Pre-Insert Functions:
{uuid}- Generate UUID{md5}- Hash field value{counter}- Sequential counter{timestamp}- Current timestamp{slugify}- URL-friendly slug- Custom functions via plugins
Post-Update Hooks:
- Validation functions
- Derived field calculation
- External API calls
- Notification triggers
Example:
// Custom pre-insert function
public function registerCustomFunction(string $name, callable $function): void {
$this->customFunctions[$name] = $function;
}
// Usage in TB_COST.VALUE_TEMP
// {custom:generateSKU}
// Function implementation
$this->registerCustomFunction('generateSKU', function($dimension, $data) {
$category = $data['XPRD05'];
$sequence = $this->getNextSequence($category);
return "{$category}-{$sequence}";
});
Internal Architecture
CoreService (Go/Buffalo) routes requests to backend services.
Routing Logic:
Client Request → CoreService (Port 8080)
↓
Route Analysis (HTTP Method + Named Route)
↓
GET → CoreQuery (PHP/Symfony) - Read operations
POST/PUT/PATCH/DELETE → CoreWrite (PHP/Symfony) - Write operations
↓
Response proxied back to client
Service Separation Benefits:
- ✅ CQRS pattern (Command Query Responsibility Segregation)
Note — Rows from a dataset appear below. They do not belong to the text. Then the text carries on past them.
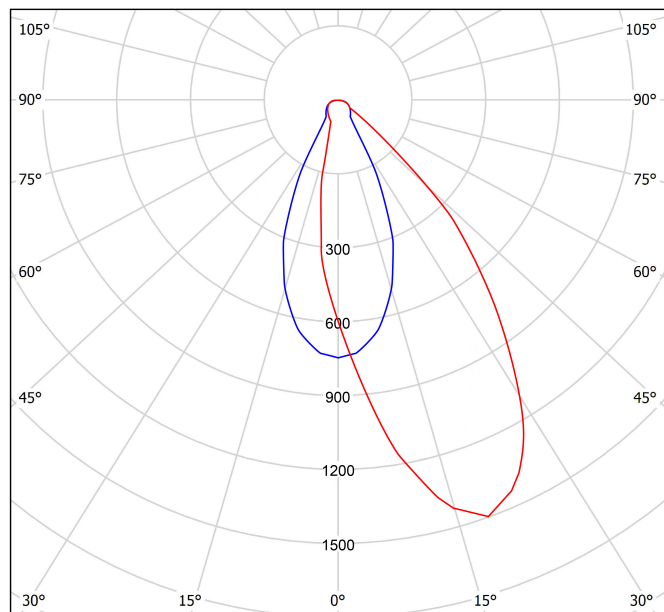

PRODUCTO

FUENTE DE LUZ

LUMINARIA | DATOS FOTOMÉTRICOS

LUMINARIA | DATOS ELÉCTRICOS

OTROS DATOS

Swap es un spot LED empotrable que destaca por el minimalismo de su estética, su perfecta integración en el techo y un notable confort visual, gracias a su pequeño reflector ubicado en posición retranqueada respecto al plano del techo. Al encenderse, su pantalla en acabado mate genera un atractivo efecto, un discreto círculo de luz. Incluye un bisel extra, de uso opcional, para cubrir diámetros de empotramiento mayores.

Diagrama polar

cd/klm
 — C0 - C180 — C90 - C270

$\eta = 81\%$

Diagrama cónico

Distance [m] Cone Diameter [m] Illuminance [lx]
 — C90 - C270 (Half-value Angle: 45°) — C0 - C180 (Half-value Angle: 38°)

Model	Swap M Add-On Bezel
Colour	W <input type="checkbox"/> Matt white
Category	Accessories
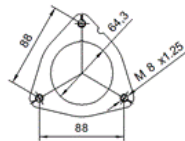

ALFA ROMEO

FD5020

PK1029

760

7.25

Orig.:

51767239, 51780158, 51786867, 51797130, 51805364, 51831548, 51832671

MARCA	MODELO	FECHA
ALFA ROMEO	159 1.9TD JTDM DPF 1910 cc 85 Kw / 115 cv 937A7000 Single Pipe	7/05>2/08
ALFA ROMEO	159 1.9TD JTDM DPF 1910 cc 85 Kw / 116 cv 937A7000 Double Pipe	7/05>
ALFA ROMEO	159 1.9TD JTDM DPF 1910 cc 88 Kw / 120 cv 939A1000 Double Pipe	7/05>
ALFA ROMEO	159 1.9TD JTDM DPF 1910 cc 88 Kw / 120 cv 939A1000 Single Pipe	7/05>2/08
ALFA ROMEO	159 1.9TD JTDM DPF 1910 cc 100 Kw / 136 cv 937A8000, 939A8000 Single Pipe	7/05>2/08
ALFA ROMEO	159 1.9TD JTDM DPF 1910 cc 100 Kw / 136 cv 937A8000, 939A8000 Double Pipe	7/05>
ALFA ROMEO	159 1.9TD JTDM DPF 1910 cc 110 Kw / 150 cv 939A2000 Double Pipe	7/05>
ALFA ROMEO	159 1.9TD JTDM DPF 1910 cc 110 Kw / 150 cv 939A2000 Single Pipe	7/05>2/08
ALFA ROMEO	159 2.4TD JTDM DPF 2387 cc 147 Kw / 200 cv 939A3000 Single Pipe	7/05>2/08
ALFA ROMEO	159 2.4TD JTDM DPF 2387 cc 147 Kw / 200 cv 939A3000 Double Pipe	7/05>
ALFA ROMEO	159 2.4TD JTDM DPF 2387 cc 154 Kw / 210 cv 939A9000 Single Pipe	5/07>2/08
ALFA ROMEO	BRERA 2.4TD JTDM DPF 2387 cc 147 Kw / 200 cv 939A3000 Single Pipe	1/06>10/10
ALFA ROMEO	BRERA 2.4TD JTDM DPF 2387 cc 147 Kw / 200 cv 939A3000 Double Pipe	7/06>
ALFA ROMEO	BRERA 2.4TD JTDM DPF 2387 cc 154 Kw / 210 cv 939A9000 Single Pipe	4/07>10/10
ALFA ROMEO	SPIDER 2.4TD JTDM DPF 2387 cc 147 Kw / 200 cv 939A3000 Single Pipe	2/07>9/10
ALFA ROMEO	SPIDER 2.4TD JTDM DPF 2387 cc 147 Kw / 200 cv 939A3000 Double Pipe	11/06>10/10

Ø 54,8 ext
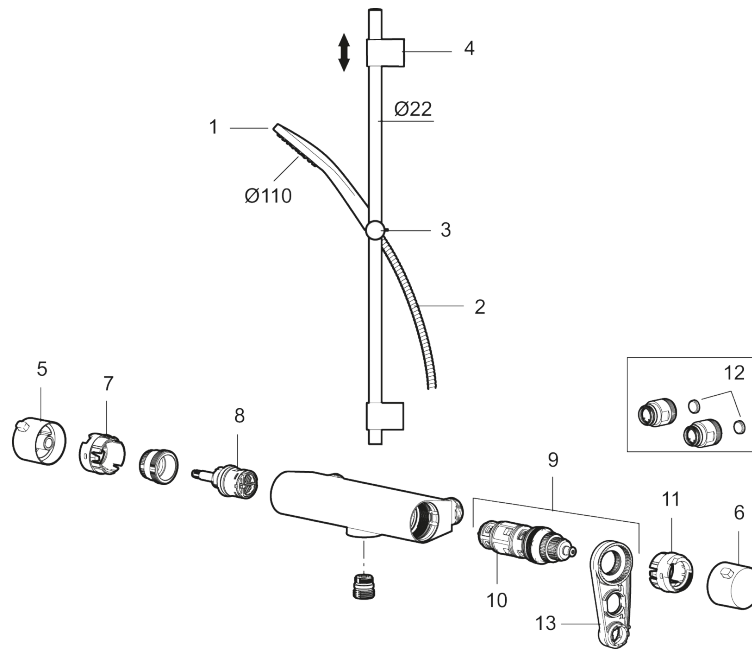

Art.nr: 341500.12LD6 **RSK:** 8283469 **Flöde 3 bar:** 6,0 l/min
Utförande: Mattsvart, 150 c/c, inkl. 2 x täckbrickor, LEED/BREEAM-anpassad

- OBS! 150 c/c
- Temperatur- och tryckbalanserad duschblandare som reagerar snabbt på förändringar och ger en jämn duschtemperatur
- Säkerhetsspärr 38 °C
- Eco funktion på flödesratten för vattenbesparing
- Återströmningskydd enligt EU-standard SS-EN 1717, uppfyller även kraven med dubbla backventiler gällande återströmning enligt Säker Vatten § 5.3
- Duschstång med variabelt c/c-mått för befintliga skruvhål
- Handdusch med antikalksystemet "Easy-Clean"
- Metallomspunnen slang 1750 mm, PVC- och BPA-fri innerslang
- Lead free (blyfri)
- Duschetlopp ljudklass 1

Art.nr: 341500.12LD6

RSK: 8283469

Reservdelslista

NR.	ART.NR	RSK	BESKRIVNING
1	S600238	8233065	Handdusch, krom
1	S600238.12	8233100	Handdusch, mattsvart
2	S600109	8252036	Duschslang 1750 mm, krom
2	S600109.LD		Duschslang 1750 mm, krom, LEED/BREEAM-anpassad
2	S600109.12	8236624	Duschslang 1750 mm, mattsvart
2	S600109.12LD		Duschslang 1750 mm, mattsvart, LEED/BREEAM-anpassad
3	S600246	8239619	Gliddel, krom
3	S600246.12	8239664	Gliddel, mattsvart
4	S600266	8239702	Väggfäste, krom, 2-pack
4	S600266.12	8239703	Väggfäste, mattsvart, 2-pack
5	S600237	8397026	Mängdvrred, krom
5	S600237.12	8397027	Mängdvrred, mattsvart
6	S600236	8397024	Temperaturvrred, krom
6	S600236.12	8397025	Temperaturvrred, mattsvart
7	S600024	8439705	Stoppring
8	S600020	8441462	Reversibelt överstycke 12 l/min, med serviceverktyg

NR.	ART.NR	RSK	BESKRIVNING
8	S600269	8387232	Reversibelt överstycke 12 l/min
9	S600084	8439709	Termostatinsats, komplett med serviceverktyg
10	S600271	8397030	Termostatinsats, utan serviceverktyg
11	S600023	8439703	Stoppring
12	409359.AA	8345172	Filtersats för anslutningskoppling, butiksförpackad
13	S600298	3870203	Serviceverktyg
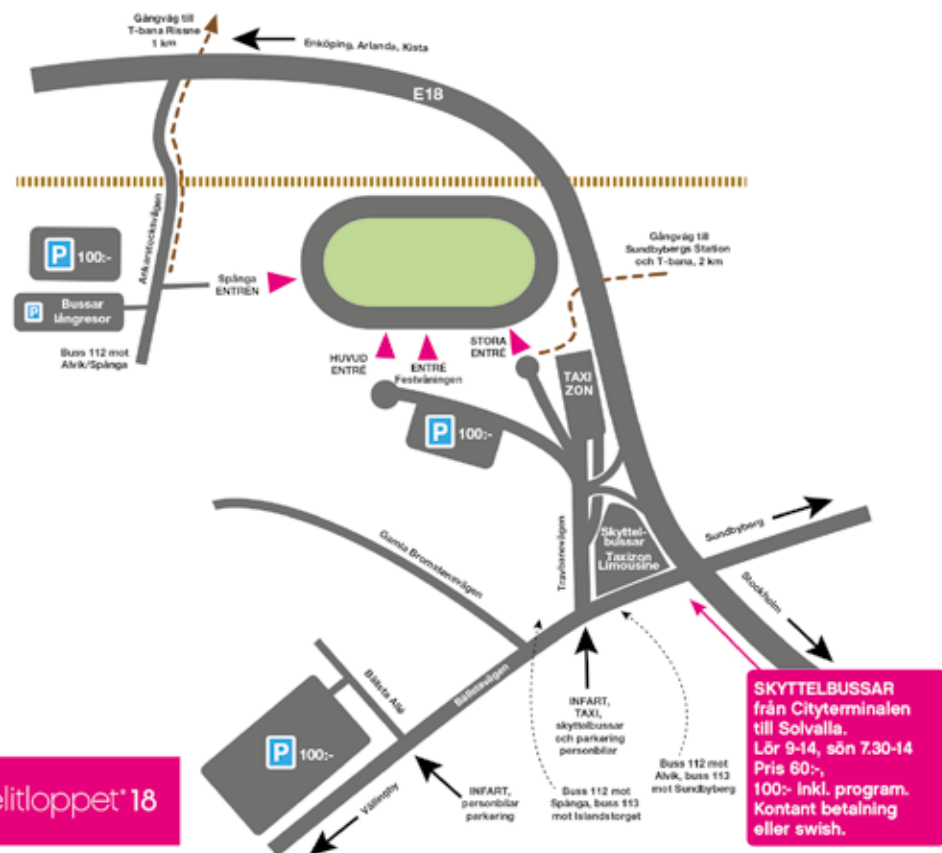

ALLA VÄGAR BÄR TILL SOLVALLA!

ÅK GÄRNA KOLLEKTIVT

TILL SOLVALLA:

Vi rekommenderar skyttelbussarna från Cityterminalen till Solvalla, lördag kl 9.00-14.00, söndag kl 7.30-14.00 (cirkatider). Pris 60 kr, med program 100 kr. Kontant betalning eller swish.

- Pendeltåg eller T-banan till Sundbyberg C. Därefter Buss 113 till hållplats Solvalla.
- Buss nr 113 från Blackebergs gård via Islandstorget (T-bana) till hållplats Solvalla.
- Buss nr 112 från Alvik till hållplats Solvalla. Den passerar också hållplats Ankarstoksvägen som ligger närmast Spångaentrén.
- Det går också utmärkt att åka tunnelbana till Rissne (blå linje). Därifrån är det ca 1 km promenad till Solvalla, följ skyltarna.

FRÅN SOLVALLA:

Inga skyttelbussar från Solvalla. Vi rekommenderar T-bana, buss 112 och 113 enligt ovan. Alternativt taxi via taxifiler som finns utanför huvudentrén. Tidtabell på www.sl.se

elitloppet® 18

elitloppet® 18

Årets kollektion!

Du hittar den i webbshopen på elitloppet.se och på Solvalla under Elitloppshelgen.
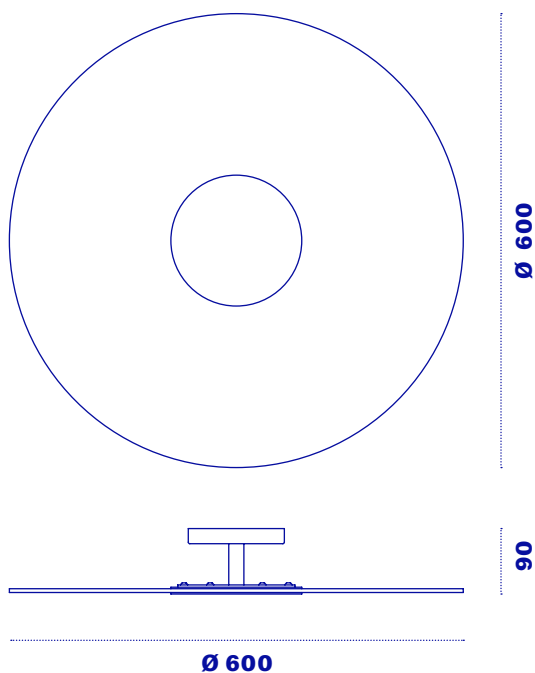

Iride

Iride è una lampada a parete ispirata al mondo dell'arredo e alla forma dell'iride umano. Una grande pupilla creata con un vetro fumè di diametro 60 cm e spessore 0,5 cm che si sorregge grazie a un disco metallico centrale a sua volta fissato a parete con un distanziale di 9 cm. All'interno del disco metallico si cela una fonte luminosa LED in tensione di rete che emette fino a 3700 Lumen generando una piacevole luce indiretta senza compromettere la prestazione luminosa.

Light

InDoor

Iride

Tensione alimentazione	230 VAC
Corrente max.	0,2 A
Uso	INDOOR
Temperatura	3000 K
Potenza	15W 25 W
Lumen	2250 3750
Vetro	Fumè sp. 5 mm

Codice	Colore placca	Temperatura	Potenza
IRI-	Bianco = B	3000°K = 3K	15 W = 15 25 W = 25
	Nero = N		
	Bronzo = BZ		
	Bronzorame = BR		
	Ottanio = OT		
	Verdeoro = VO		
	Ferro naturale = FN		
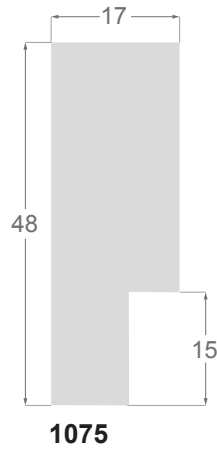

1116

1096

1093

1083

1063

1043

Exemples de montages possibles avec la nouvelle moulure **1242**

1093 + 1242

1083 + 1242 + 1060

Placage feuille de wengué naturel

1174/117 70x30mm

1132/117 48x20mm

1116/117 38x20mm

1096/117 30x17mm

1099/117 30x30mm

1079/117 20x20mm

1079/114 20x20mm

1060/114 15x17mm

1238/114 23x48mm

1093/114 25x48mm

1083/114 20x38mm

1063/114 15x30mm

1043/114 10x20mm

1038/114 6x30mm

1035/114 6x18mm

1033/114 6x13mm

1103/114 30x70mm

1075/114 17x48mm

1064/114 15x30mm

1247/114 50x60mm

1246/114 55x45mm

1243/114 48x55mm
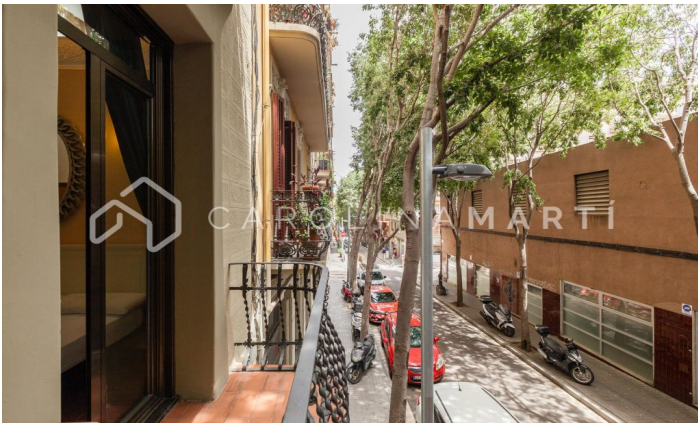

Contáctenos para más información o para concertar una visita
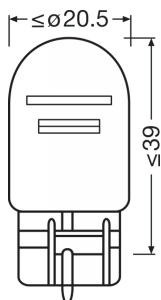

Ficha técnica do produto

Dados técnicos

Informação de Produto

Referência do pedido	7515
Aplicação (específico por cat. e prod.)	Auxiliary lamp

Dados Elétricos

Consumo máx. de potência	25 / 6 W
Tensão nominal	12.0 V
Potência nominal	21/5 W
Tolerância da potência de entrada	±6 / ±10 %
Tensão de teste	13,5 V

Dados fotométricos

Fluxo luminoso	440/35 lm
Tolerância do fluxo luminoso	±15 / ±20 %

Dimensões e peso

Comprimento	47.5 mm
Diâmetro	20.0 mm
Peso do produto	6.80 g

Espectativa de Vida

Vida estimada B3	250 / 600 h ¹⁾
Vida estimada Tc	500 / 1600 h ¹⁾

Dados de Logística

Código do produto	Descrição do produto	Embalagem unitária (peças/unidade)	Dimensões (comprimento x largura x altura)	Volume	Peso bruto
4052899324312	ORIGINAL - WEDGE BASE W21/5W		- x - x -		
4052899324329	ORIGINAL - WEDGE BASE W21/5W		58 mm x 54 mm x 139 mm	0.44 dm ³	90.00 g
4052899324336	ORIGINAL - WEDGE BASE W21/5W		273 mm x 145 mm x 65 mm	2.57 dm ³	500.00 g
4052899417892	ORIGINAL - WEDGE BASE W21/5W		- x - x -		23.00 g
4052899417908	ORIGINAL - WEDGE BASE W21/5W		280 mm x 80 mm x 103 mm	2.31 dm ³	266.00 g
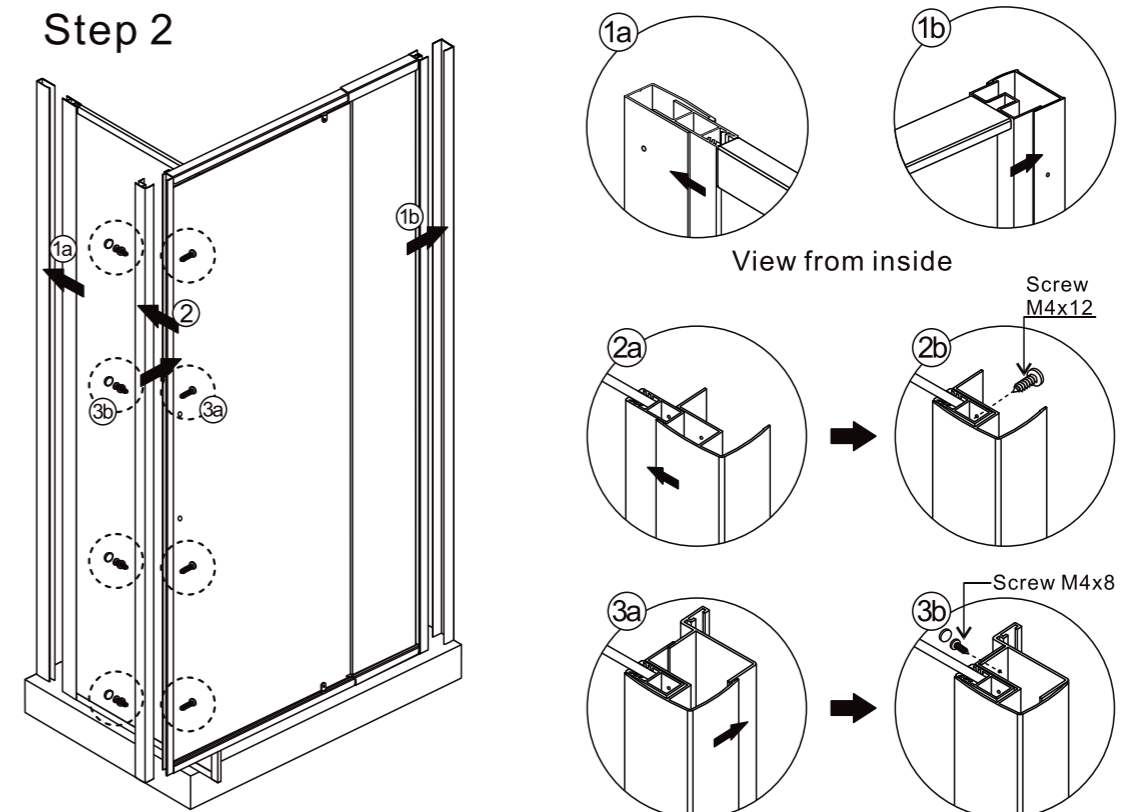

INSTRUCTIES VOOR INSTALLATIE
MANUEL DE POSE

- [1] 8 muurpluggen
- [2] 8 platte schroeven M4 x 35
- [3] 12 schroeven M4 x 8
- [4] 14 afdekkapjes
- [5] 2 muurprofielen
- [6] 1 vast paneel
- [7] 1 hoekprofiel
- [8] 6 schroeven M4 x 12
- [9] 1 deurpaneel + vast paneel
- [10] 1 glasrubber
- [11] 1 set handgrepen
- [12] 3 x afdekplaatjes profiel

- [1] 8 chevilles
- [2] 8 vis M4 x 35
- [3] 12 vis M4 x 8
- [4] 14 caches vis
- [5] 2 profils mural
- [6] 1 panneau fixe
- [7] 1 profil au coin
- [8] 6 vis M4 x 12
- [9] 1 panneau de porte + panneau fixe
- [10] 1 joint de verre
- [11] 1 set poignées
- [12] 3 x embouts profil

◆ **Installation Steps:**

Step 1

Step 2
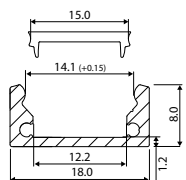

KEUZE UIT VOLGENDE PROFIELEN:

Topline 8mm

Lengtes: 2, 3 en 5 meter
Wit, zwart & geanodiseerd
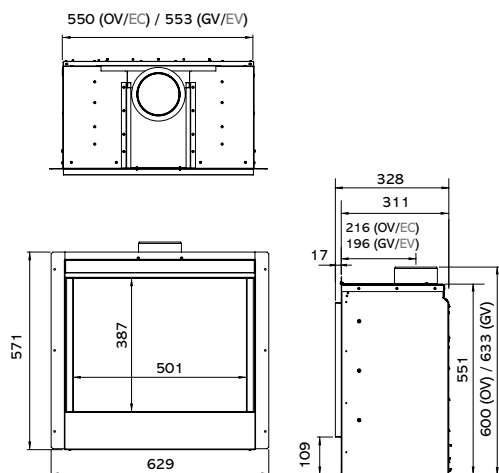

RIVA2 500

FRAME /CADRE (mm)	B / L	H / H	D / P
Verve XS	890	621	57

RIVA2 530

FRAME /CADRE (mm)	B / L	H / H	D / P
Designio2 Steel	610	704	38

RIVA2 750HL

Open Verbranding / Évacuation par conduit

Gesloten Verbranding / Évacuation par ventouse

FRAME /CADRE (mm)	B / L	H / H	D / P
Verve XS	1202	1005	57
Evoked Glass	1117	1034	42
Evoked Steel	1117	1034	42
Icon XS	1089	1015	17

RIVA2 670

FRAME /CADRE (mm)	B / L	H / H	D / P
Designio2 Steel	735	569	38

* OV = Conventioneel Rookkanaal / EC = Évacuation par conduit
GV = Evenwichtig Rookkanaal / EV = Évacuation par ventouse

RIVA2 800
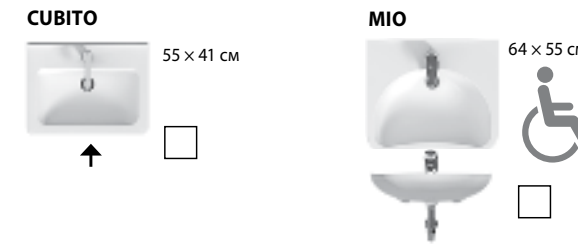

ОБЗОР ВСТРАИВАЕМЫЕ, ВРЕЗНЫЕ И СПЕЦИАЛЬНЫЕ РАКОВИНЫ
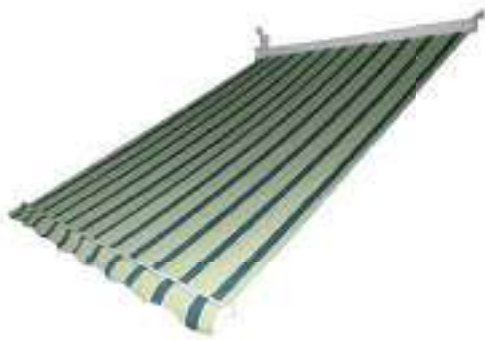

TENDA DA SOLE A CADUTA

Cassonata. Dotata di braccetti in alluminio regolabili nell'inclinazione. Può essere fissata sia a soffitto che a parete. Peso tessuto 280 gr./mq. Impermeabile.

CODICE	UM	MV	CF	MODELLO
8048700	PZ	1	1	cm.250 x H.250 - bordeaux/crema
8048702	PZ	1	1	cm.250 x H.250 - giallo/bianco
8048704	PZ	1	1	cm.250 x H.250 - verde/bianco
8048706	PZ	1	1	cm.250 x H.250 - beige

- ✅ Independent scaling (read vs write)
- ✅ Read replicas for queries
- ✅ Write optimization with transactions
- ✅ Horizontal scaling
Environment Variables:
# CoreQuery backend
R_API_HOST=corequery.internal
R_API_PORT=8000
R_API_VERSION=v4
# CoreWrite backend
W_API_HOST=corewrite.internal
W_API_PORT=8001
W_API_VERSION=v4
Batch Processing
Large-scale operations with millions of records.
Strategies:
- Parallel Requests - Multiple concurrent API calls (throttled)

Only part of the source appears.